* _INSTRUCTIONS TO FOLLOW_
Every line below that contains "Round" is to be copied.

* _Saved entries_
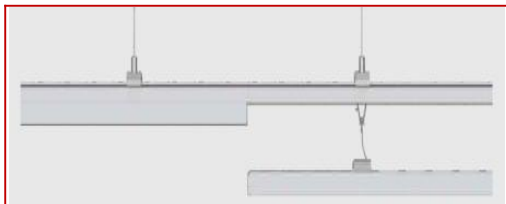

LED Slim Round Panel Light

LED Slim Square Panel Light

FLOAT Series Round Panel

FLOAT Series Rectangle Panel

LED LINEAR LIGHT

5550 series linear light

8050 series linear light

QUALITY LED LIGHTING

* _RESULT_
LED Slim Round Panel Light
FLOAT Series Round Panel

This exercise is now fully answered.